*ENTRIES PROVIDED:*
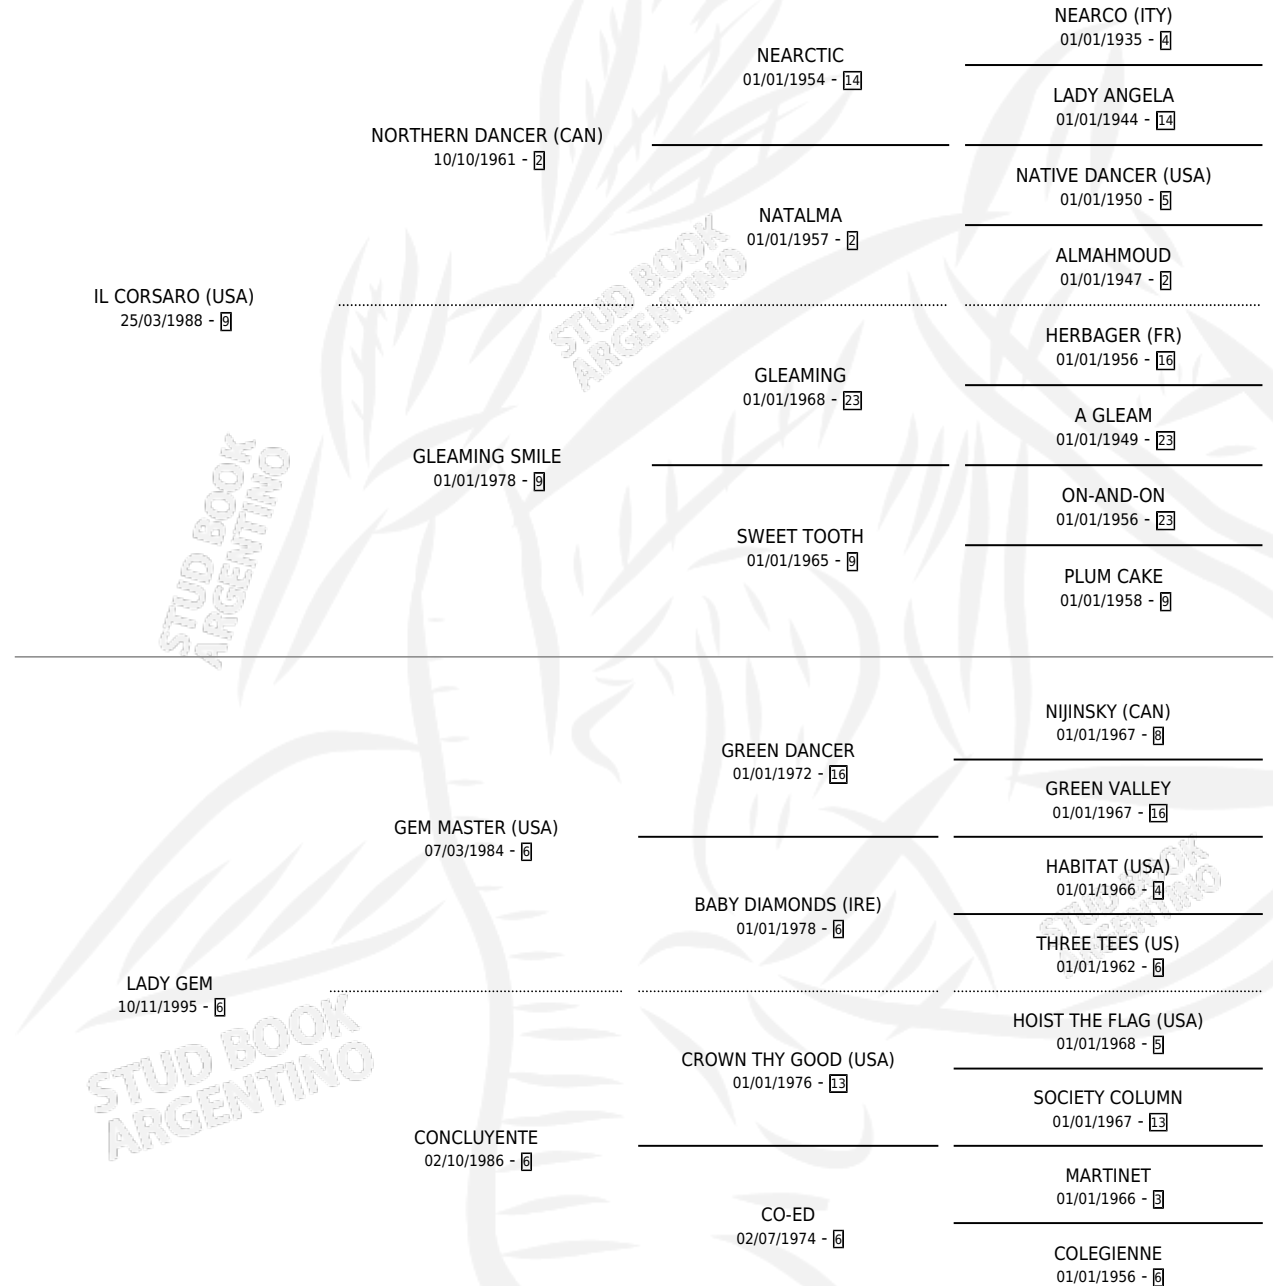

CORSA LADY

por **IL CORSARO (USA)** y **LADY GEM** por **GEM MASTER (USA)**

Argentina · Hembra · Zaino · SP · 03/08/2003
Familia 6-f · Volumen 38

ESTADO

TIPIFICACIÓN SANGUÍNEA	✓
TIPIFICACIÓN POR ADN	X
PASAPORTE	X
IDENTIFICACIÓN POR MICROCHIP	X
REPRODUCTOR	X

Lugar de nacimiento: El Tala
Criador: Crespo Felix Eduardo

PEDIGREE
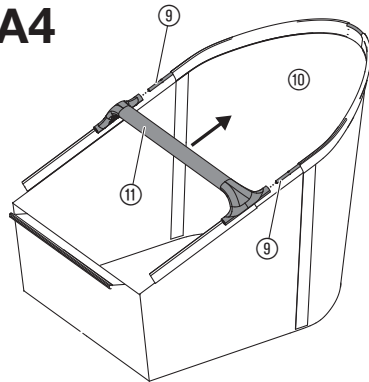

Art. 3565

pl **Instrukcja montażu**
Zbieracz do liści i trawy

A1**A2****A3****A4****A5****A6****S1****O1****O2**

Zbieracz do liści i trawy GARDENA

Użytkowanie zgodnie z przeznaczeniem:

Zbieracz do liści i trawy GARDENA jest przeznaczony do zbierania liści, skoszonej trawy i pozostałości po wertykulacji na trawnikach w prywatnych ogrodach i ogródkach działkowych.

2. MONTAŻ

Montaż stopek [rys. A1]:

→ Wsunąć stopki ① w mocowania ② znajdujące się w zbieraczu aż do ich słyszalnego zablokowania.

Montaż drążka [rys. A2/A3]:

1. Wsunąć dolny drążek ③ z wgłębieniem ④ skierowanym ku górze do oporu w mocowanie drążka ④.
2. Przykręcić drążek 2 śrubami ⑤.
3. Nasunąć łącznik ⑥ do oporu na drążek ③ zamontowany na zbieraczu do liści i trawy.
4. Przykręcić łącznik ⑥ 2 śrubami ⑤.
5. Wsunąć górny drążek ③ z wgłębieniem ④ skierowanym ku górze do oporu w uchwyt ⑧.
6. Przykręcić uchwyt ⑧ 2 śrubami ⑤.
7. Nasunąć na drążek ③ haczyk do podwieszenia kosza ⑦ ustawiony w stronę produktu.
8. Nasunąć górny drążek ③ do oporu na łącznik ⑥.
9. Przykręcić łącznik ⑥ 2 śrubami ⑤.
==
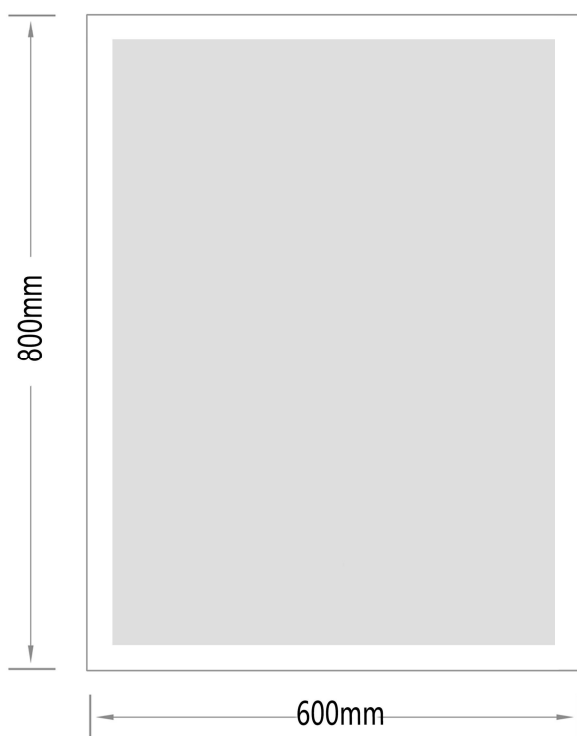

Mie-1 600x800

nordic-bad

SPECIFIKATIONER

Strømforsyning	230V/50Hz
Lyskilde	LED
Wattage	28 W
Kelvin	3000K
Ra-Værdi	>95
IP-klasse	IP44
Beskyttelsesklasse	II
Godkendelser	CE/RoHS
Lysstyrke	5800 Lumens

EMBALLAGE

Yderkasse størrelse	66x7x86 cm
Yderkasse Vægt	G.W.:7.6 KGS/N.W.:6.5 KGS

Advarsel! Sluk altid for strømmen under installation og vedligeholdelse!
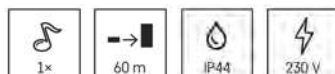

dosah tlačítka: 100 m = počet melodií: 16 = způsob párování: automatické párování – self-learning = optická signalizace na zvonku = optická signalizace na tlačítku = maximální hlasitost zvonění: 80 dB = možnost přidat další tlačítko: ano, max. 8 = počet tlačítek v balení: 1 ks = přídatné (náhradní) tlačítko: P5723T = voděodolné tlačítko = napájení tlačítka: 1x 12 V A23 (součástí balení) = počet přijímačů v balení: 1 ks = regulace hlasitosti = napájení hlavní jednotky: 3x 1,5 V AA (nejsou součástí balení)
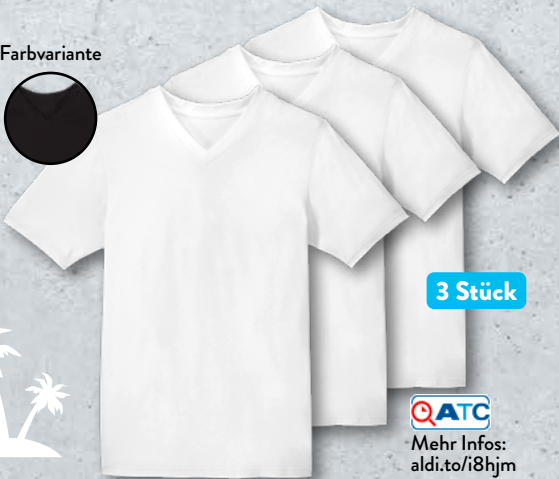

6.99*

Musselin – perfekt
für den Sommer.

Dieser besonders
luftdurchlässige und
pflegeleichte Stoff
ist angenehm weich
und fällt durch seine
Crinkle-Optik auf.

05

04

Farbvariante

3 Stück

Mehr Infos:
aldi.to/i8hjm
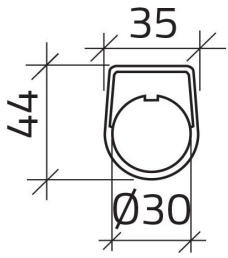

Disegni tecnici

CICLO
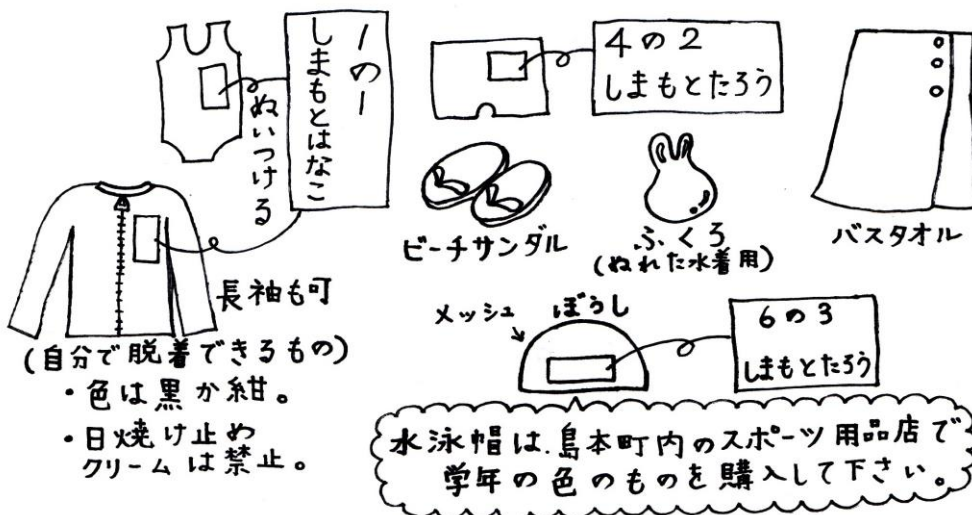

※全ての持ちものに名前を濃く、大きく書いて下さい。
==
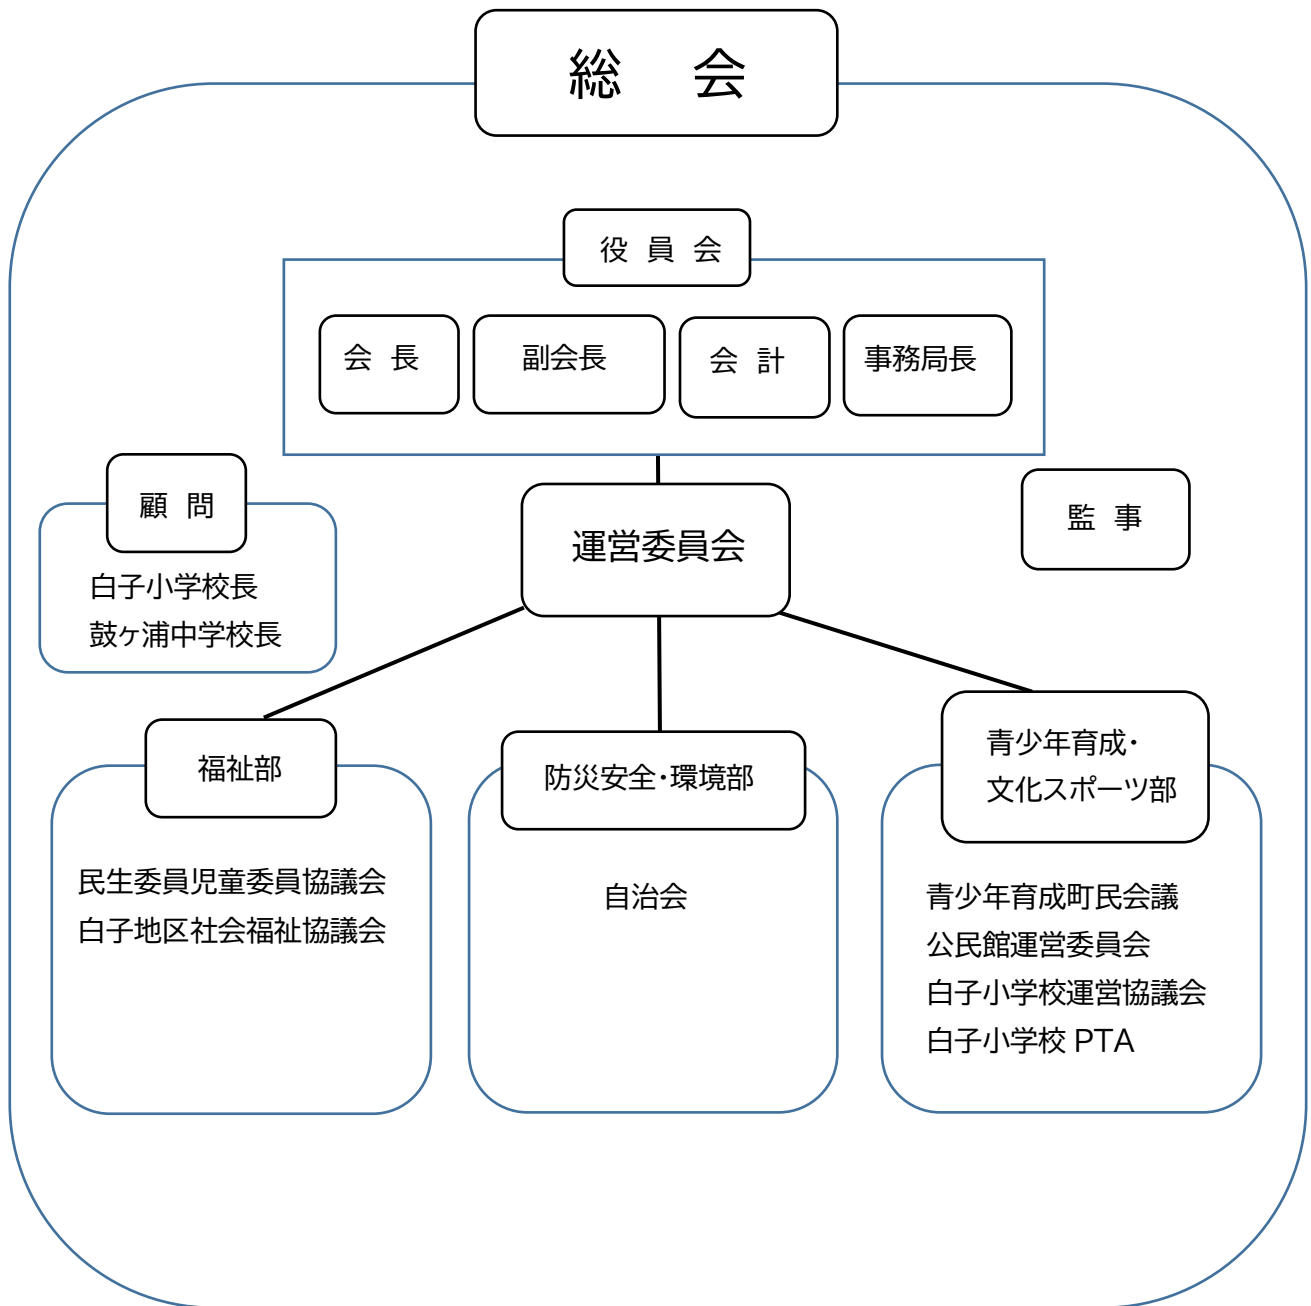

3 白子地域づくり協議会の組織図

*TASK STATEMENT:*
Quote the lines above exactly, starting with the one that has "por **IL CORSARO" and ending with the one that has "Użytkowanie zgodnie z"; drop the pictures and include nothing else.

*TASK ANSWER:*
por **IL CORSARO (USA)** y **LADY GEM** por **GEM MASTER (USA)**

Argentina · Hembra · Zaino · SP · 03/08/2003
Familia 6-f · Volumen 38

ESTADO

TIPIFICACIÓN SANGUÍNEA	✓
TIPIFICACIÓN POR ADN	X
PASAPORTE	X
IDENTIFICACIÓN POR MICROCHIP	X
REPRODUCTOR	X

Lugar de nacimiento: El Tala
Criador: Crespo Felix Eduardo

PEDIGREE

Art. 3565

pl **Instrukcja montażu**
Zbieracz do liści i trawy

A1**A2****A3****A4****A5****A6****S1****O1****O2**

Zbieracz do liści i trawy GARDENA

Użytkowanie zgodnie z przeznaczeniem:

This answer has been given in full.